WHAT IS EXPECTED »
Find the string "plate" in the records. Copy each line that has it.

EXTRACTED INFORMATION »

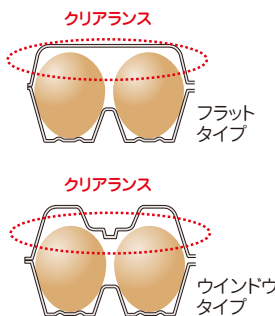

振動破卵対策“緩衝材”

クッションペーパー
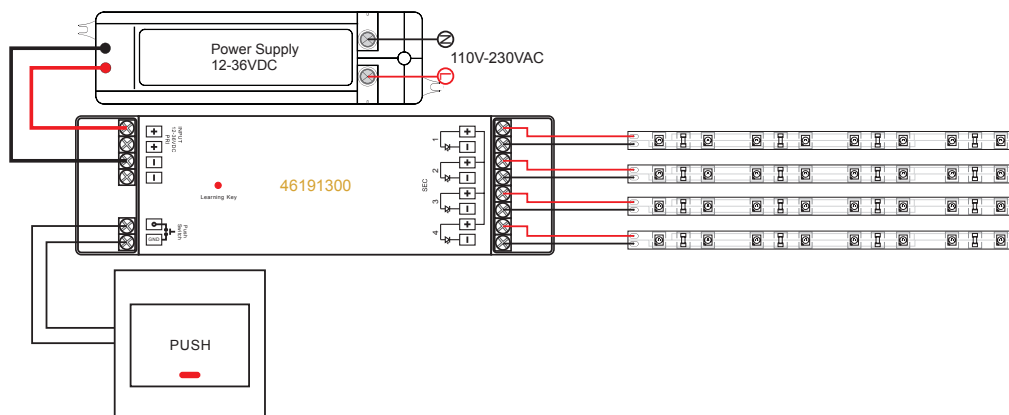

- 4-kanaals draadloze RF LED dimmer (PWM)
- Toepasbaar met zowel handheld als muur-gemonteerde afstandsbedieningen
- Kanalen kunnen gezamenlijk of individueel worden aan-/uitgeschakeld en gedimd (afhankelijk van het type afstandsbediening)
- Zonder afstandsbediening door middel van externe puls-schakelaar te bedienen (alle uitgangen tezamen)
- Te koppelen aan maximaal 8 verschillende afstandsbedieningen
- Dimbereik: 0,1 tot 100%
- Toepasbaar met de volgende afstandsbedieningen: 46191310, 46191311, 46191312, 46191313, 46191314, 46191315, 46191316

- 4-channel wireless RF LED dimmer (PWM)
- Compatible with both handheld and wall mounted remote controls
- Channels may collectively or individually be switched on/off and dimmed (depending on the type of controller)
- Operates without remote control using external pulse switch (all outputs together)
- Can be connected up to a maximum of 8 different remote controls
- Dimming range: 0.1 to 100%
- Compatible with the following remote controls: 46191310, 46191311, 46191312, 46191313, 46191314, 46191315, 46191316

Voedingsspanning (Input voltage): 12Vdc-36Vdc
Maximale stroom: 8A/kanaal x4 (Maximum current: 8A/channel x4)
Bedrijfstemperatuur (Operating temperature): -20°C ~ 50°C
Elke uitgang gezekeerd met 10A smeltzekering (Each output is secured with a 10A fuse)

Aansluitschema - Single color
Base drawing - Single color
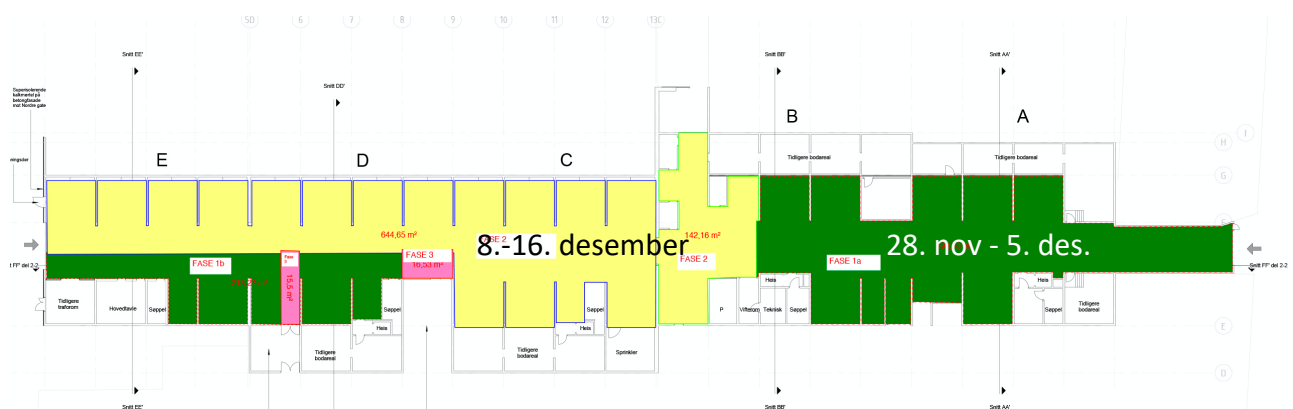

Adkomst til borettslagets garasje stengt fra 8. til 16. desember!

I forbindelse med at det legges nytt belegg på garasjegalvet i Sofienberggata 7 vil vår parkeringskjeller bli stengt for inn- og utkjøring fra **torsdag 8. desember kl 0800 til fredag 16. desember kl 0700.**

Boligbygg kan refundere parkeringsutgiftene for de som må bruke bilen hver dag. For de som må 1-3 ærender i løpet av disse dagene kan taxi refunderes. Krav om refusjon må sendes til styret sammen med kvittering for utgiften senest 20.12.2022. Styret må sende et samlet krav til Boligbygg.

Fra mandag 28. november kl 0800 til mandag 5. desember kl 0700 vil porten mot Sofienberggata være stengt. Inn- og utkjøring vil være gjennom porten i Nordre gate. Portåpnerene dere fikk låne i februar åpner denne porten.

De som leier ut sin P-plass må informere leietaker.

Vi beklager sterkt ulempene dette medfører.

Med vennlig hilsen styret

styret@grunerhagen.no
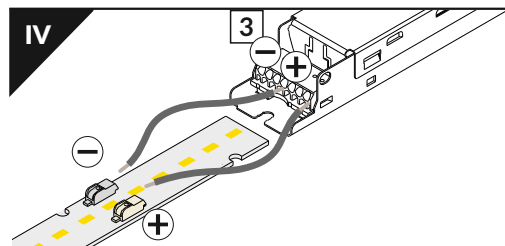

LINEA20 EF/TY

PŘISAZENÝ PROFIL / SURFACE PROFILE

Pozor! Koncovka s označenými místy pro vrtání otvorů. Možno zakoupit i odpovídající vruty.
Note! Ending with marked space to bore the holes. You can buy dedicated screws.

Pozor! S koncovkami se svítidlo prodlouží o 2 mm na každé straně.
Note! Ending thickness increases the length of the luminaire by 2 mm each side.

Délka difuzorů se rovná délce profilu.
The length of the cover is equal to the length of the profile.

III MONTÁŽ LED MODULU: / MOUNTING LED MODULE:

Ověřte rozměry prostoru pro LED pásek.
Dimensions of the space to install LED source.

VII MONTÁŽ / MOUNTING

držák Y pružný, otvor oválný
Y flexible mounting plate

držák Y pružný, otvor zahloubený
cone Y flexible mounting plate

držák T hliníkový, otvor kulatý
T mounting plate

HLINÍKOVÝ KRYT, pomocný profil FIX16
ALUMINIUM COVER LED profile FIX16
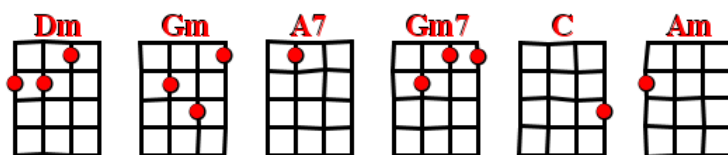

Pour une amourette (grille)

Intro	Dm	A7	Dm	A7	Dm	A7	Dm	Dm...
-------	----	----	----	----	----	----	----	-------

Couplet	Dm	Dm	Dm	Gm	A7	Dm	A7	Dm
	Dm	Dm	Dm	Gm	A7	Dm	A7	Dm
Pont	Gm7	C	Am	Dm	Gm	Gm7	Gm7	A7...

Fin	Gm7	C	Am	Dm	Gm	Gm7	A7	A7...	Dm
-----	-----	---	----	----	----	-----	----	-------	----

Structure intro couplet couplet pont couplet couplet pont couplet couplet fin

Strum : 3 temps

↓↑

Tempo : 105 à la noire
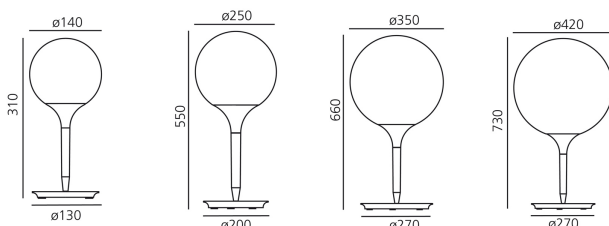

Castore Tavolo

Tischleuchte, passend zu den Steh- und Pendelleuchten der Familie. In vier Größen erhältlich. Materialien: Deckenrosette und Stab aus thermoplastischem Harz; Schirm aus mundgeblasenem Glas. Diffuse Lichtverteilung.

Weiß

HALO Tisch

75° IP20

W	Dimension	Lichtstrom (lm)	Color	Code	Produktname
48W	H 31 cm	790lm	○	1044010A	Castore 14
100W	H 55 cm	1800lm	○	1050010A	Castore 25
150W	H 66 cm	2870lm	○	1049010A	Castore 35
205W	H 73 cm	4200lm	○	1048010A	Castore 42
--
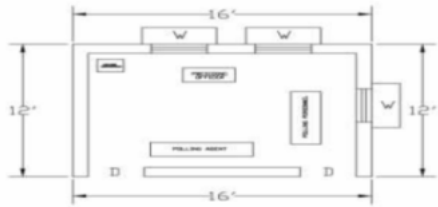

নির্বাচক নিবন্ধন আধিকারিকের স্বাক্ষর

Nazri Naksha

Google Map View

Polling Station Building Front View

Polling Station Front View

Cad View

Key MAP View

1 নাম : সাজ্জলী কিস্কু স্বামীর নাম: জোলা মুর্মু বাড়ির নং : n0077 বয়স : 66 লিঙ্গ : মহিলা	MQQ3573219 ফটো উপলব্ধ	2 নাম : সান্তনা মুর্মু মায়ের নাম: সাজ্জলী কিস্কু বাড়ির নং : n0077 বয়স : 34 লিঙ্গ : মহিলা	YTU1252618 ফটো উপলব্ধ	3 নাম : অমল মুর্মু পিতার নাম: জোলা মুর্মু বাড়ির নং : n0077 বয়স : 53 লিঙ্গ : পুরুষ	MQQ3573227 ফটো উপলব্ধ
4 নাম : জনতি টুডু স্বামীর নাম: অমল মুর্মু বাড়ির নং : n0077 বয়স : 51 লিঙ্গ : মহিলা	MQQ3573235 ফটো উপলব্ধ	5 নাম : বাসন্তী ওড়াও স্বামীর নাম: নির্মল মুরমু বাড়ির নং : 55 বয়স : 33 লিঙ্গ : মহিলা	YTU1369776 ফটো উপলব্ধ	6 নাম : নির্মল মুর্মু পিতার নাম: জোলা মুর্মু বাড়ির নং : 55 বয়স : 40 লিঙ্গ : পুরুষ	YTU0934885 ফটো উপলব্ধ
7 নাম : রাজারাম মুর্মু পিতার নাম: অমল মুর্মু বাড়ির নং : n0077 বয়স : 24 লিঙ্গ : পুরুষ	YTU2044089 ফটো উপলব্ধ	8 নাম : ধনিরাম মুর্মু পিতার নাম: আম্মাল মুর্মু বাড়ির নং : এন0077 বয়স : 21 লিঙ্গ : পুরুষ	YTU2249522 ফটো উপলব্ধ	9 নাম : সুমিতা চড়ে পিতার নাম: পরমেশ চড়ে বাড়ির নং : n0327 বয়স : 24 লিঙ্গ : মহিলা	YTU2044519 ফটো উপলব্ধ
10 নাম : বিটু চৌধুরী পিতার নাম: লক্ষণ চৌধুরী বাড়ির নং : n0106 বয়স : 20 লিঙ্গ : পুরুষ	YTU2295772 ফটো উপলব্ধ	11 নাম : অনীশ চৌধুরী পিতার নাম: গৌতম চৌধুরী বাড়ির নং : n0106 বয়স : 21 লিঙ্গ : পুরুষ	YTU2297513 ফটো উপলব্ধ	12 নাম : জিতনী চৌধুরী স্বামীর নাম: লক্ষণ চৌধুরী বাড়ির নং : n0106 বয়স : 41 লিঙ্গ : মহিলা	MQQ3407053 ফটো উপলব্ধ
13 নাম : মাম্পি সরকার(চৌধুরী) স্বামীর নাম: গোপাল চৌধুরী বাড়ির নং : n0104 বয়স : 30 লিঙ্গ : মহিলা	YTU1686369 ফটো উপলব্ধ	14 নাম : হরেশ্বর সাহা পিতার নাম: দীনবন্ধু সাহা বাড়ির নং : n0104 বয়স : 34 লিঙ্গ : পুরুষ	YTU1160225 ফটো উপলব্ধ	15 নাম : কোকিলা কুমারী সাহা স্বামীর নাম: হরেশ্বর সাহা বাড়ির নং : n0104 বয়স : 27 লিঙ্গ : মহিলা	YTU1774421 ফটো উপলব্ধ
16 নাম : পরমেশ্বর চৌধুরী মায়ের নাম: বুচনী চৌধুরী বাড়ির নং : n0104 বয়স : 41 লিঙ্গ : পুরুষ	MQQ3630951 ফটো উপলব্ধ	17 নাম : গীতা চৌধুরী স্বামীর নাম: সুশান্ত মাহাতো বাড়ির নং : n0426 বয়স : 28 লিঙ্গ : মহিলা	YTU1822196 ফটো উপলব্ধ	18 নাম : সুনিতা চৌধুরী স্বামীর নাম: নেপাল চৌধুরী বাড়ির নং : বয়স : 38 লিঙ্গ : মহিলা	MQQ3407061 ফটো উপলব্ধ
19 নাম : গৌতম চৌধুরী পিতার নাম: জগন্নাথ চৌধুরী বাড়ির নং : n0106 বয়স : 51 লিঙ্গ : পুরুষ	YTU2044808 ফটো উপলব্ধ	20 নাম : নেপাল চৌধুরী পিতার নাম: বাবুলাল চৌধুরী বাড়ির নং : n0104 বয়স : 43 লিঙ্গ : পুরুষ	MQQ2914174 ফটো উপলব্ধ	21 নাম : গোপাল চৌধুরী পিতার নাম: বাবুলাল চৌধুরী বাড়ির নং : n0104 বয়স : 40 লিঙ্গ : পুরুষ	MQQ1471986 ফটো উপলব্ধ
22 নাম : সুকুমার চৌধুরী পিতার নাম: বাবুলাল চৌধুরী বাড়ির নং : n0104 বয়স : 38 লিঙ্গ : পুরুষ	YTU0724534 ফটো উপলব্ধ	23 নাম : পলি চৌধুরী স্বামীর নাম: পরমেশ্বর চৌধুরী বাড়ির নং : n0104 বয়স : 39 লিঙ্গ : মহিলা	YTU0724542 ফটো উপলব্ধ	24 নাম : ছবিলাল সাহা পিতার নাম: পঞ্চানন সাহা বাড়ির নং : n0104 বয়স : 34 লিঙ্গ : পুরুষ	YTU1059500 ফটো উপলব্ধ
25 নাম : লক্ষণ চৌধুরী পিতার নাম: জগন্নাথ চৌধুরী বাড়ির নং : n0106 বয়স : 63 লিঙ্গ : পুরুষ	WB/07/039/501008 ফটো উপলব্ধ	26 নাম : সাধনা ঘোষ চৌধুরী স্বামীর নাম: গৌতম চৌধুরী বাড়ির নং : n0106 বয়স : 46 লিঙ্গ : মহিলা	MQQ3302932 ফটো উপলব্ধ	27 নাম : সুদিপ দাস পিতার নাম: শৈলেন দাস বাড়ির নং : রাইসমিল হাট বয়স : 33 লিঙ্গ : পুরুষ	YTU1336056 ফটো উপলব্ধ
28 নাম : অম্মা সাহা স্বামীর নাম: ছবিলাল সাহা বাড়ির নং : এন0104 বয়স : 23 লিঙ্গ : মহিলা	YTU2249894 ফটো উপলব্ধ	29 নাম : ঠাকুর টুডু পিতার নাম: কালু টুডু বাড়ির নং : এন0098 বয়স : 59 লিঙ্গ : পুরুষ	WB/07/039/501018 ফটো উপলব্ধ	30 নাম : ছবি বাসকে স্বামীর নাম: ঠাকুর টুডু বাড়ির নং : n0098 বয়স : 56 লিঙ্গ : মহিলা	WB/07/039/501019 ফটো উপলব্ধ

SOLUTION BELOW »
Y flexible mounting plate
cone Y flexible mounting plate
T mounting plate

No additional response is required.